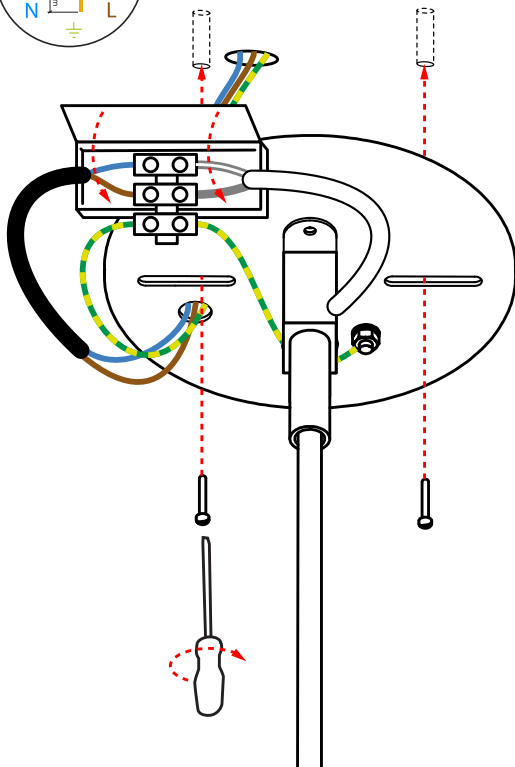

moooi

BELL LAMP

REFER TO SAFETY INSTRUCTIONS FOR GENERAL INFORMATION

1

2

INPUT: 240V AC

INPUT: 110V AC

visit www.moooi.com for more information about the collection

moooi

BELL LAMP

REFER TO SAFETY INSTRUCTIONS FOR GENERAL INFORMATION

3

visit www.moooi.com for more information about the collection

*What is needed*
From the first line to the last, give the data again exactly, but without pictures.

*Output*
moooi

BELL LAMP

REFER TO SAFETY INSTRUCTIONS FOR GENERAL INFORMATION

1

2

INPUT: 240V AC

INPUT: 110V AC

visit www.moooi.com for more information about the collection

moooi

BELL LAMP

REFER TO SAFETY INSTRUCTIONS FOR GENERAL INFORMATION

3

visit www.moooi.com for more information about the collection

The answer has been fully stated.